----- Exercise input -----

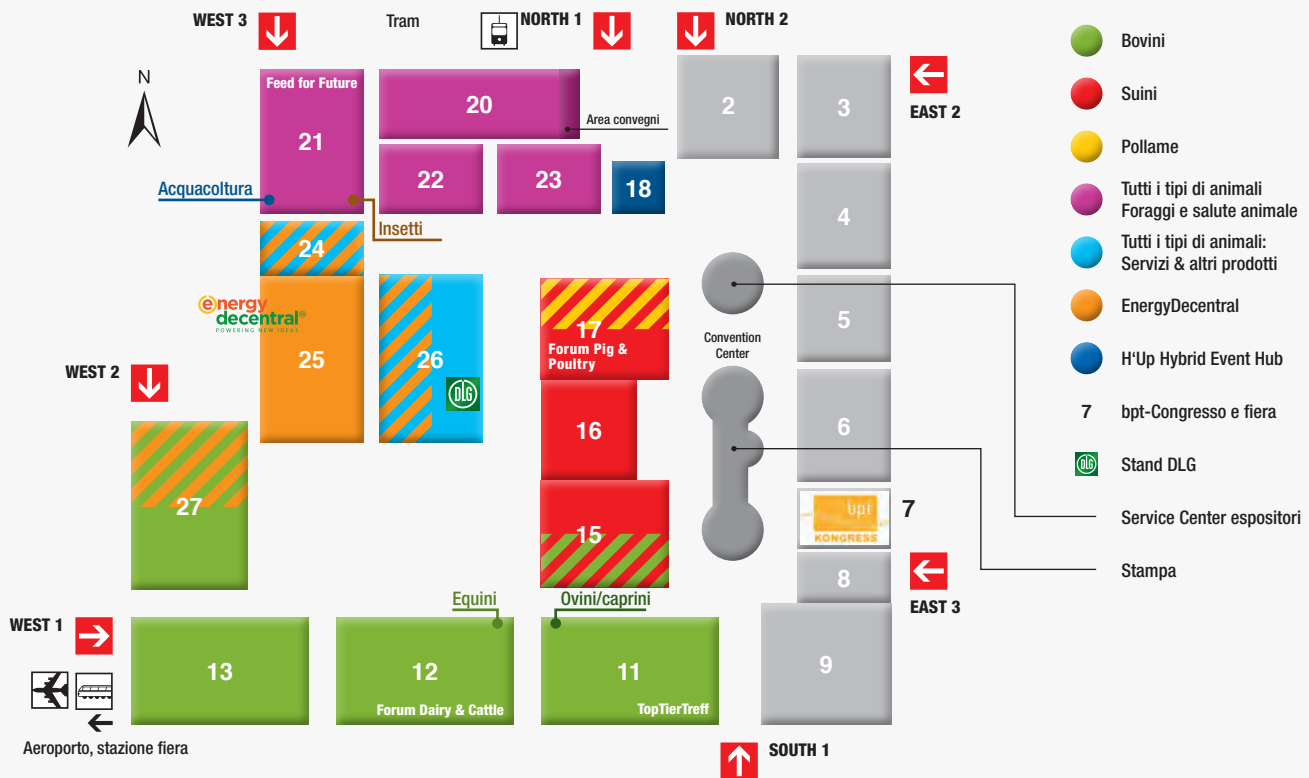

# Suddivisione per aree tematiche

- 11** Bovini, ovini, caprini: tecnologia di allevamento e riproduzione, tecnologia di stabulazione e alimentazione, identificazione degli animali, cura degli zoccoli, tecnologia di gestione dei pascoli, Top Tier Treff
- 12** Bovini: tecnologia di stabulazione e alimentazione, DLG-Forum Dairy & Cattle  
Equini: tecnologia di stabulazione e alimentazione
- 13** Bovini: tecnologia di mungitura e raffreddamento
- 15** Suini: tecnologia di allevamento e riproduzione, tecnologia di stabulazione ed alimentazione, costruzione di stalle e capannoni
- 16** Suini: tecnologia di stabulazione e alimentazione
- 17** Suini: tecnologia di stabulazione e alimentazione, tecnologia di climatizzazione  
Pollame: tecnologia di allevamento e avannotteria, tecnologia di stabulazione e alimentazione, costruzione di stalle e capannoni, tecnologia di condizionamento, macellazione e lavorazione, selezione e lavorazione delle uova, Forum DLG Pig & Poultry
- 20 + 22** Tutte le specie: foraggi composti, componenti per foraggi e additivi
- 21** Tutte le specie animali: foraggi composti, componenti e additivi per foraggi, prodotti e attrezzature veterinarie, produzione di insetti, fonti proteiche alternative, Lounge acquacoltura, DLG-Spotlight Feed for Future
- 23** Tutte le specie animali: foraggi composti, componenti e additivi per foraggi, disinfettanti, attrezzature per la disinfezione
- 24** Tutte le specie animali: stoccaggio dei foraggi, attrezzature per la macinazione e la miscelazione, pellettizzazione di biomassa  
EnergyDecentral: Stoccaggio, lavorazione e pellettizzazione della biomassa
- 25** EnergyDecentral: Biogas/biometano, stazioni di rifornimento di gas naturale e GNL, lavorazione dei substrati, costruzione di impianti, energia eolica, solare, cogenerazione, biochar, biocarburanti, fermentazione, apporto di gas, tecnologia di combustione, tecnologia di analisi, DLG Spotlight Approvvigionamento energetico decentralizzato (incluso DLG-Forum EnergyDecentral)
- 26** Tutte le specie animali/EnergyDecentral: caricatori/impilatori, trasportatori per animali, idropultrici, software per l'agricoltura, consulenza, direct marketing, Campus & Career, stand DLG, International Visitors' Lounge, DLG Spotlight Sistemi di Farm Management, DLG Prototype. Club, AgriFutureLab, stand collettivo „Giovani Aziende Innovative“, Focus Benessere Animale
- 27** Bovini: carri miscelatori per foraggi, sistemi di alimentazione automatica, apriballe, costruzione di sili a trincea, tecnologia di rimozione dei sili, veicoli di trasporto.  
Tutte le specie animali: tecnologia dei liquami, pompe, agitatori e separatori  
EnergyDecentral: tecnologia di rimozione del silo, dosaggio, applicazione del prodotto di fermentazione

-----
----- Exercise input -----

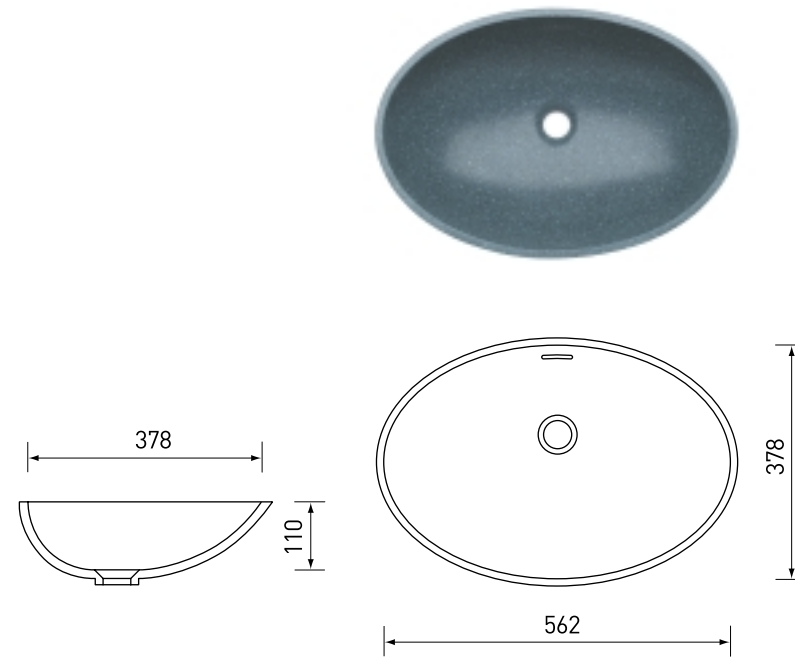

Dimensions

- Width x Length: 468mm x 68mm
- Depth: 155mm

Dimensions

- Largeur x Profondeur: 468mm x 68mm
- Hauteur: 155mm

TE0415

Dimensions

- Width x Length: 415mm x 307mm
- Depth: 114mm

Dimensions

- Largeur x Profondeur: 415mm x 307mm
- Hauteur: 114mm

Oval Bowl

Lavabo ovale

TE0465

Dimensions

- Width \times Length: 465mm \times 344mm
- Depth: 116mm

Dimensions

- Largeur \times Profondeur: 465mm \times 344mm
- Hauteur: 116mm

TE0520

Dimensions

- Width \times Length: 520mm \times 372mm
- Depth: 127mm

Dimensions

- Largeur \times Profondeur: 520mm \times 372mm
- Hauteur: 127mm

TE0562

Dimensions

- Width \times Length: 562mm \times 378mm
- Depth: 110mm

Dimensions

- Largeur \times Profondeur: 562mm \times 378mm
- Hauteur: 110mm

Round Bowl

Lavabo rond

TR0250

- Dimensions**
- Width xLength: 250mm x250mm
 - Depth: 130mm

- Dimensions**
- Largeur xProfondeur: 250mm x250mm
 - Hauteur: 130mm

-----

To do:
Could you restate, word for word, the lines above from the one with "- Hauteur: 127mm" to the one with "- Hauteur: 130mm", both included?

The completed task:
- Hauteur: 127mm

TE0562

Dimensions

- Width \times Length: 562mm \times 378mm
- Depth: 110mm

Dimensions

- Largeur \times Profondeur: 562mm \times 378mm
- Hauteur: 110mm

Round Bowl

Lavabo rond

TR0250

- Dimensions**
- Width xLength: 250mm x250mm
 - Depth: 130mm

- Dimensions**
- Largeur xProfondeur: 250mm x250mm
 - Hauteur: 130mm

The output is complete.